The main distinguishing feature of the thermal jet coagulator, presented in the first version, is the flexible connection between its manipulator and the case. Such a connection is achieved due to the hermetic connection of the end of the fixed part of the fitting with a plastic tube that passes through the body and handle of the thermal jet coagulator and is rigidly fixed in the length limiter. Thanks to the plastic tube, when performing open operations, it is possible not only to easily adjust the direction of the thermal jet and the angle of its deviation, but also the length of the thermal jet coagulator itself. All this could not be achieved when using a known tool, where the fixing of the manipulator and the body was rigid, and the length of the tool was unchanged. In the proposed design of the thermal jet coagulator, the specified adjustment is carried out by the surgeon's hand - for this, it is enough to pull the tube (the part of it located behind the handle), and it is easily retracted into the case and extracted from it. It is also possible to adjust the angle of deviation and the length of the tool by manually moving the telescopic elements of the tubular body. It should be noted that this form of regulation is a manifestation of one of the advantages of the telescopic construction of the thermal jet coagulator body compared to the one described in the prototype. So, by pushing the last element of the telescopic housing, you can completely hide the plastic tube in the housing. In this form, the tool can be used to perform relatively simple operations, which are performed in a well-visualized operating field and on easily accessible organs, or in laparoscopic operations performed only in the axial direction, where the zone of influence of the thermal jet is limited by the laparoscopic port.

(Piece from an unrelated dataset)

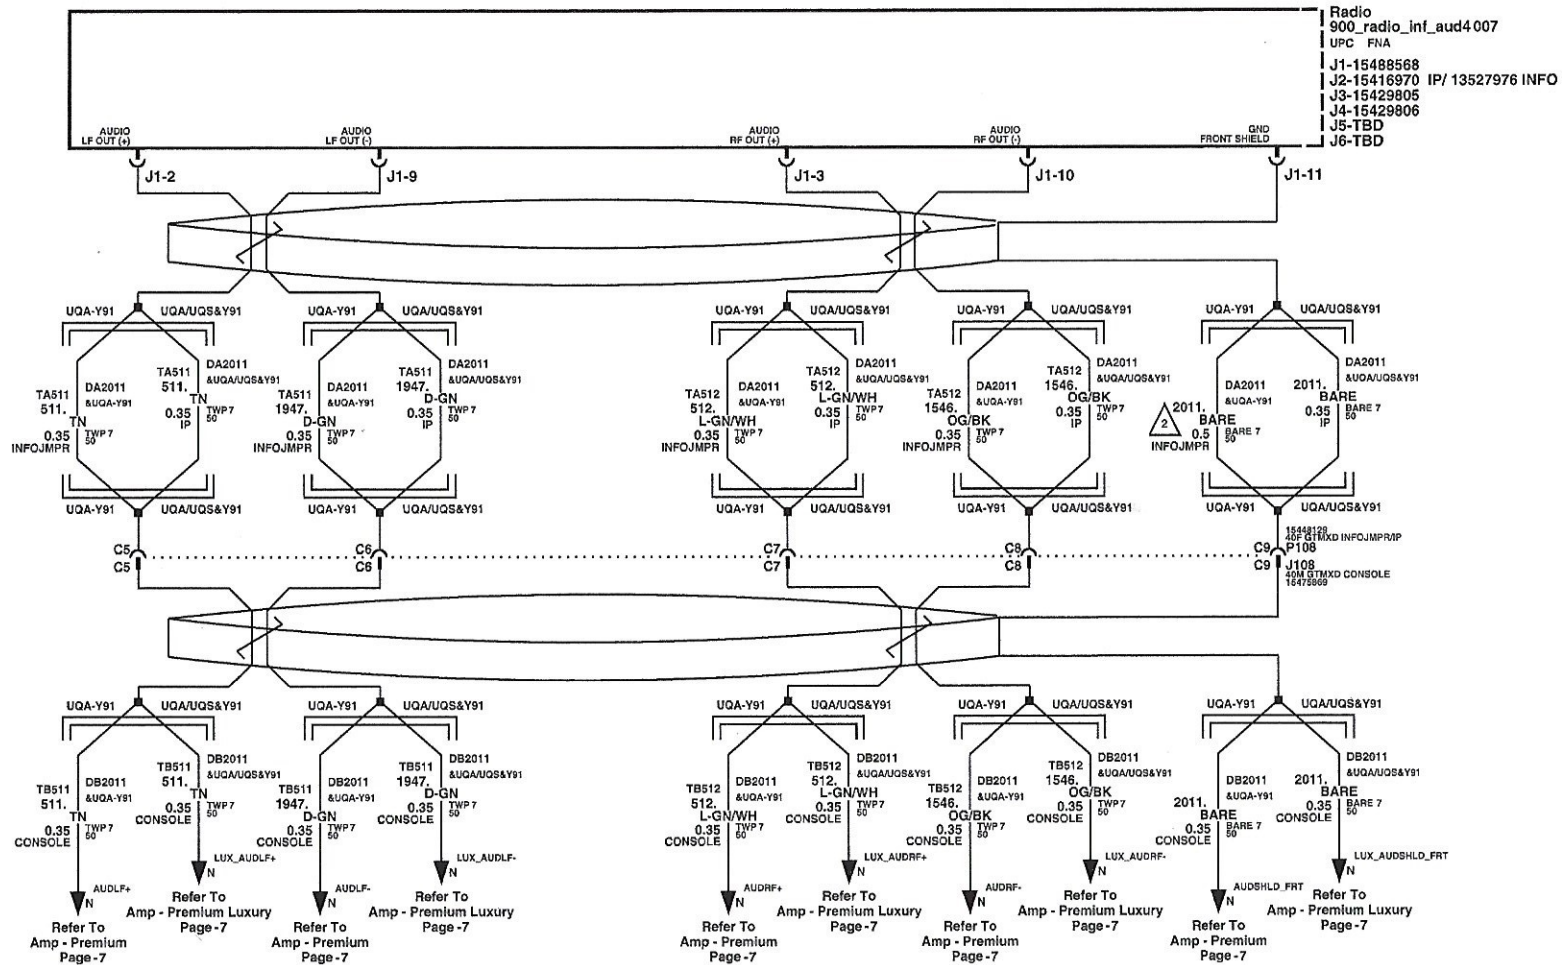

# 2007 LIGHT DUTY C/K FULL SIZE UTILITY TRUCK ELECTRICAL

## Infotainment & Telematics: Audio

**NOTES**  
 • 1 — IF NEEDED, AUDIO CIRCUITS SHALL BE DOUBLED AT A CONNECTOR, NOT SPLICED.  
 • 2 — GAGE SIZE LARGER FOR DURABILITY.

Equipping the manipulator with an assembly fitting with fixed and moving parts and making radial holes on the threaded surface of the latter makes it possible to easily redistribute and adjust the amount of gas flows coming to the heating unit and through the holes to the protective tube for its cooling. To increase one flow and decrease the other, it is enough to turn the moving part of the fitting relative to the stationary one, thus setting the required throughput of the holes. At the same time, the amount of flow, depending on the specific situation, can be easily changed during the operation, without interrupting it, with the help of tweezers or a clamp, turning the tip of the ceramic tube in the desired direction. Regulating flows in this way significantly expands the capabilities of the thermal jet coagulator compared to the one described in the prototype, where the air flow rate was set in advance and was constant throughout the entire operating cycle.

In addition, the presence of radial holes in the design, through which the cooling gas flow passes, allows you to abandon the two hoses that are present in the tool presented in the prototype, which significantly simplifies the connection of the thermal jet coagulator with the service unit after its sterilization, facilitates its manipulation and simplifies the process of his preparation for work. In the work of the known tool, two separate air streams are involved - working and cooling, which are supplied by separate hoses. In the proposed thermal jet coagulator, the gas flow (carbon dioxide) coming from the compressor through one hose is divided into two separate flows in the manifold, one of which goes to the heating unit, and the other passes through the radial holes past the ceramic tube, performing the function of a protective cooler tubes

Fixation of the metal protective tube on the fixed part of the fitting (it is tightly fitted) ensures its stable position when pulling out the thermojet coagulator from the laparoscopic port.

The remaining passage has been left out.